Japan just set a record. The 30-year bond yield jumped to 3.32%. That is not a number. That is 235% of GDP hanging over the country like a guillotine. Interest on the 30-year portion alone could now be roughly 7.8 trillion USD equivalent annually. The yen is below ¥150, a drop of 11% in weeks. The Nikkei spiked. Traders are jittery. The world thinks it’s business as usual. It isn’t.

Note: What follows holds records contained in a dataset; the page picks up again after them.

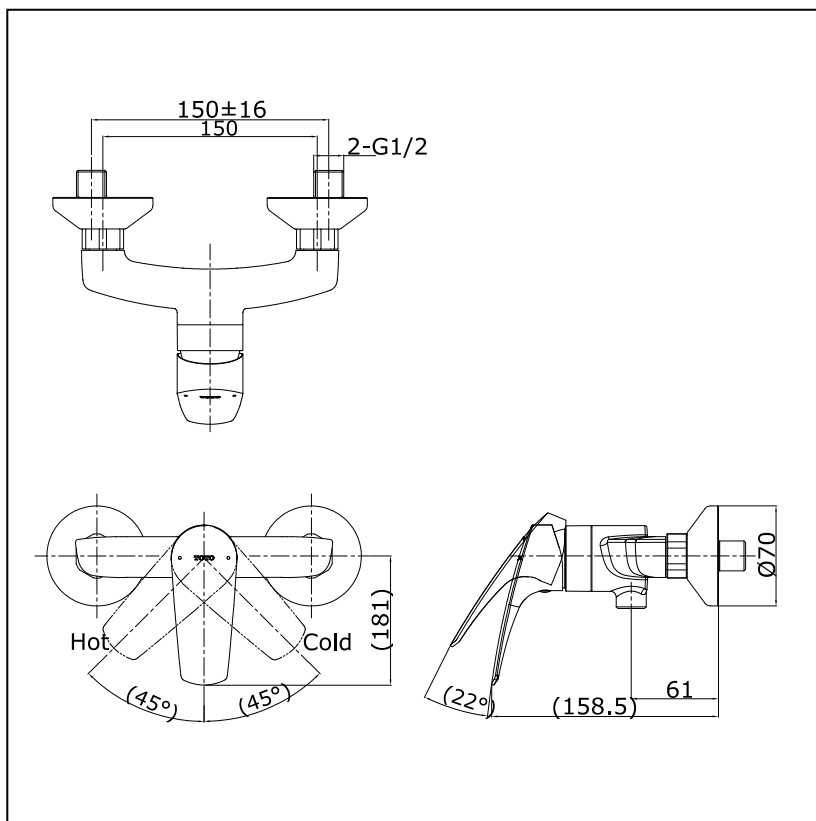

## Specifications

Water Pressure : 0.05MPa -0.75MPa  
 Hole : 2 Holes  
 Finish : Nickel Chrome  
 Material : Brass

## Parts description

- **TTMC302K**

Single Lever Shower Mixer without Hand Shower set

## Drawing:

The government? Silent. The media? Shrugging. Sanae Takaichi just won the LDP leadership. Her plan: massive stimulus, more debt. Japan is doubling down on a debt binge while markets scream warnings. Borrowing costs have more than tripled compared to decades-long lows, threatening to push government interest spending from 3–4% of GDP to 5–6% within a few years.
The yen carry trade that fueled global liquidity for years is teetering. Investors borrowed yen at tiny rates to buy higher-yielding assets elsewhere. Now? If they unwind, it won’t be neat. U.S. treasuries, emerging markets, global equities—everything could shake. If Japan sells even 5% of its $1.3 trillion U.S. treasury holdings to cover domestic bond pressure, global yields could spike 10–20 basis points. Millions of positions, billions of dollars, ready to evaporate.

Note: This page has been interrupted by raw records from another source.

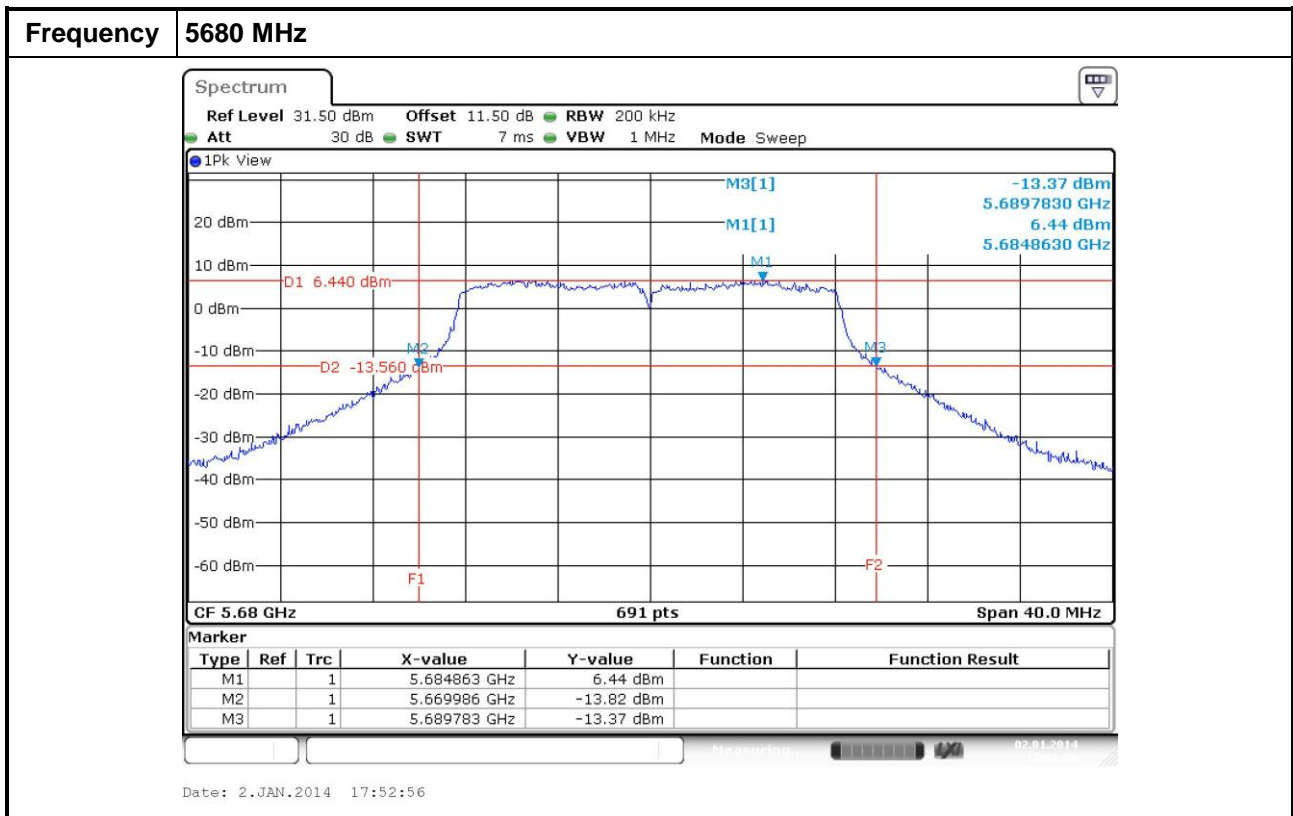

20dB Bandwidth (Channel closes to 5600~5650 MHz)
 FCC ID : 2AAS9-2251XW

802.11a

20dB Bandwidth (Channel closes to 5600~5650 MHz)
 FCC ID : 2AAS9-2251XW

802.11n HT20

20dB Bandwidth (Channel closes to 5600~5650 MHz)
 FCC ID : 2AAS9-2251XW

802.11n HT40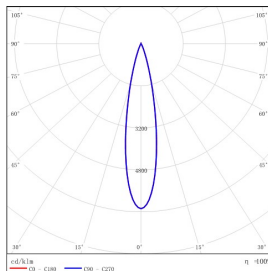

LIGHT DISTRIBUTION@3000K LUMINAIRE DATA

MODEL: AEIR5SA-12ELS30SS
BEAM ANGLE: 6.8°
POWER: 16.9W
LUMENS: 997lm
CBCP: /
EFFICACY: 58.5lm/W

MODEL: AEIR5SA-12EL130SS
BEAM ANGLE: 14.4°
POWER: 16.9W
LUMENS: 990lm
CBCP: /
EFFICACY: 58.5lm/W

This is history in real time. Every percentage point in yield, every yen drop, every basis point is a lever that could topple confidence worldwide. And the fuse is already lit. The global economy is holding its breath. Every politician ignoring it, every media outlet silent, is complicit in a disaster that is still avoidable—but slipping away fast.
Japan is standing on a cliff. The world is watching. One gust, and everything could tumble.